📊 What is PCE? Why is it so important?
PCE (Personal Consumption Expenditures) is the 'Personal Consumption Expenditures Price Index' published by the U.S. Department of Commerce and is one of the core indicators for measuring inflation levels.
PCE vs CPI:
Project CPI (Consumer Price Index) PCE (Personal Consumption Expenditures) focus on consumer spending behavior (fixed basket) actual sales prices of enterprises (reflecting dynamic adjustments) weight favors housing more balanced, closer to actual sensitivity easily affected by volatility in energy, food, etc. smoother, more suitable for judging long-term trends users market media often mention the inflation indicator most focused on by the Federal Reserve
➡️ Core PCE is data that excludes volatile food and energy prices, better reflecting the 'stickiness' of inflation.
📅 When is it published each month? Where to check the most authoritative information?
Release time: the last working day of each month (usually at 20:30 Beijing time on the last night of the month)
Publishing agency: U.S. Bureau of Economic Analysis (BEA)
Inquiry website:
👉 BEA official website: https://www.bea.gov/data/personal-consumption-expenditures-price-index
🌍 What is the importance of PCE to the global financial market?
PCE is a key clue for global investors observing the Federal Reserve's next moves:
Once core PCE remains high, the Federal Reserve may delay interest rate cuts or continue to maintain high interest rates.
Interest rate expectations directly affect:
U.S. Treasury prices (interest rates rise = bonds fall)
U.S. stock valuations (high interest rates suppress growth stocks)
Exchange rates (strong/weak dollar)
Prices of commodities like gold and oil
📌 On the day of the PCE release, if the data is 'shocking' or 'off the charts', it usually triggers severe fluctuations in the stock, bond, and currency markets, making it one of the risk events in the global market.
₿ What is the direct/indirect impact of PCE on the cryptocurrency space?
Although PCE is a traditional financial indicator, its impact on the cryptocurrency space is becoming increasingly direct:
📉 1. Increased market correlations
BTC has gradually evolved into a 'high Beta asset', strongly correlated with Federal Reserve policy expectations.
High PCE → delayed interest rate cut expectations → strong dollar → BTC under pressure in the short term.
Low PCE → market expectations turn dovish → US Treasury yields decline → funds flow back to high-risk assets, BTC and ETH rise.
🧠 2. Changes in investor psychology and style
An increasing number of traditional background funds (funds, trading institutions, RWA players) among crypto investors are keeping an eye on these macro data.

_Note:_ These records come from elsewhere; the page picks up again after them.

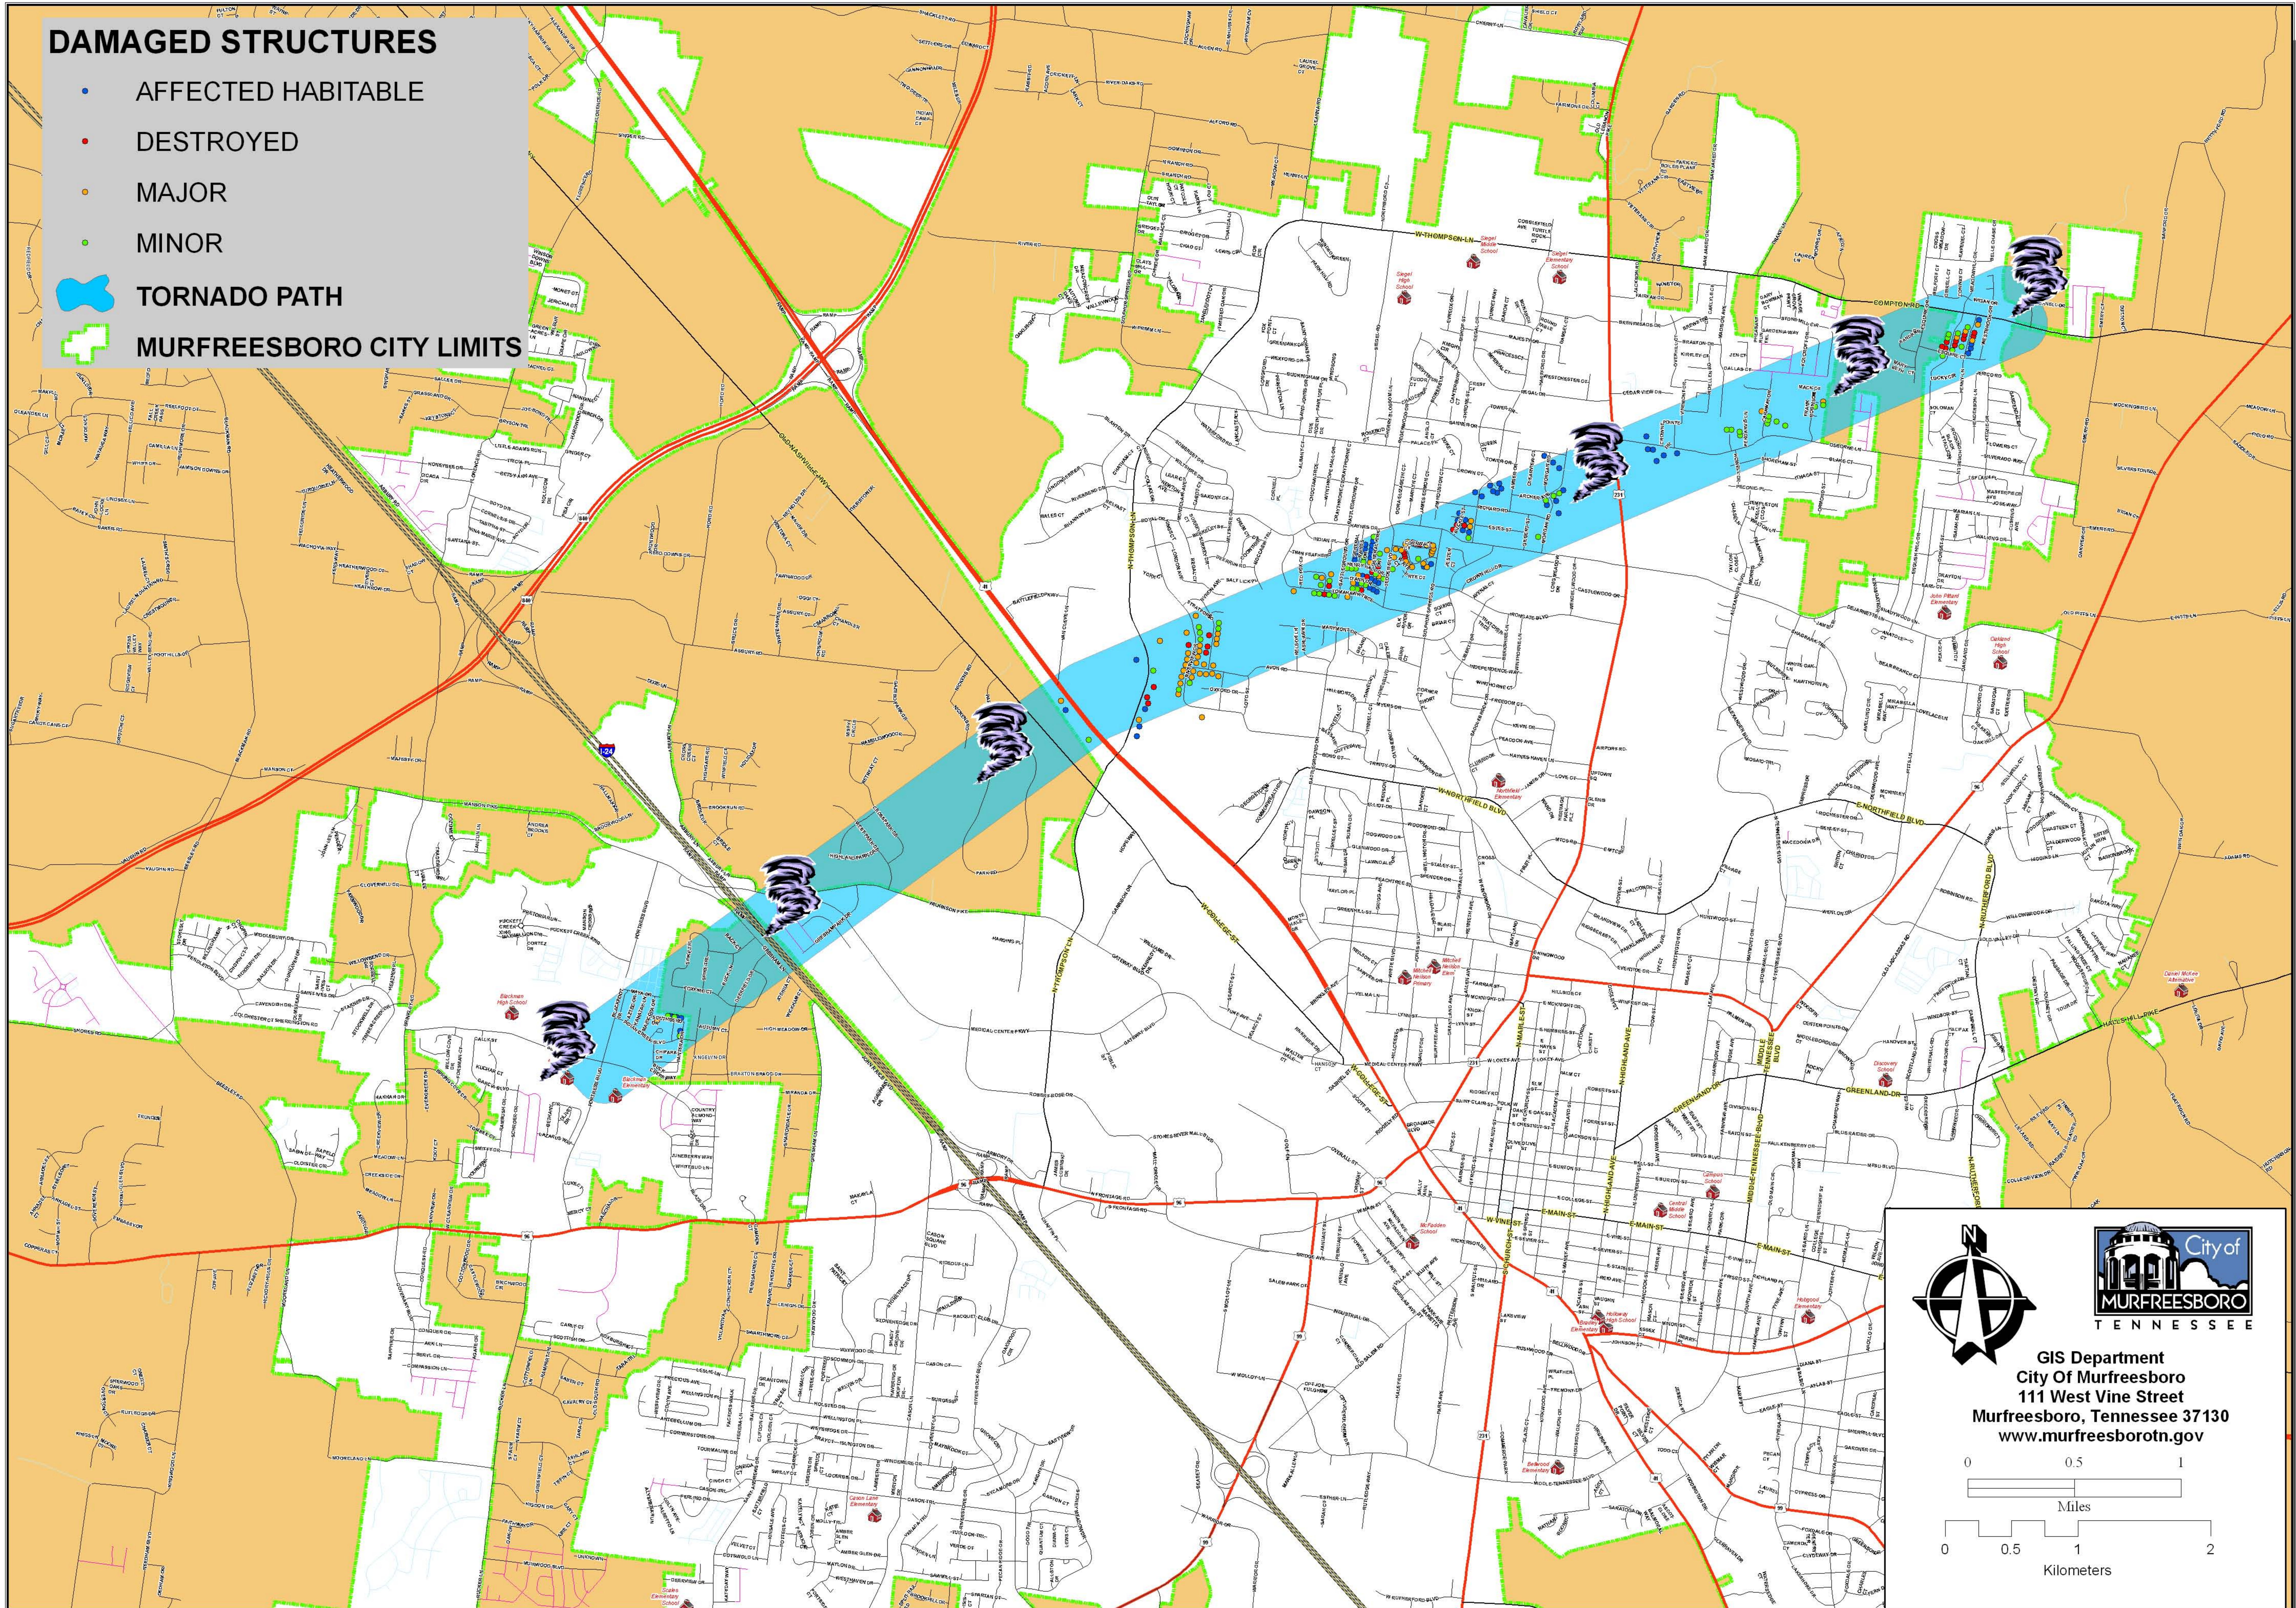

# TORNADO DAMAGE PATH 04/10/2009

## DAMAGED STRUCTURES

- AFFECTED HABITABLE
- DESTROYED
- MAJOR
- MINOR
-  TORNADO PATH
-  MURFREESBORO CITY LIMITS

GIS Department  
 City of Murfreesboro  
 111 West Vine Street  
 Murfreesboro, Tennessee 37130  
[www.murfreesborotn.gov](http://www.murfreesborotn.gov)

The 'macro sensitivity' of the crypto market has increased, no longer just a 'technical closed loop' as in the past.
📌 Summary view: Is there still room for interest rate cuts this year?
Combined:
The current core PCE is still around 2.8%;
Service inflation is sticky;
Additional tariffs may push another wave of imported inflation;
Federal Reserve officials are conservative, emphasizing 'more time is needed';
I judge that the hope for interest rate cuts this year is very slim, with at most one 'symbolic cut' by the end of the year, and only if the economy first encounters problems.
🧠 My judgment:
Interest rate cuts this year? The possibility is extremely low.
Unless:
Sudden economic collapse in the U.S.;
Employment data avalanche;
Core PCE really falls below 2.3.
Otherwise, the Federal Reserve may only symbolically cut rates once by the end of the year, or even 'stay put until 2026'.
Stop fantasizing about a 'flood of liquidity' bull market; in this round, patience is more important than emotion.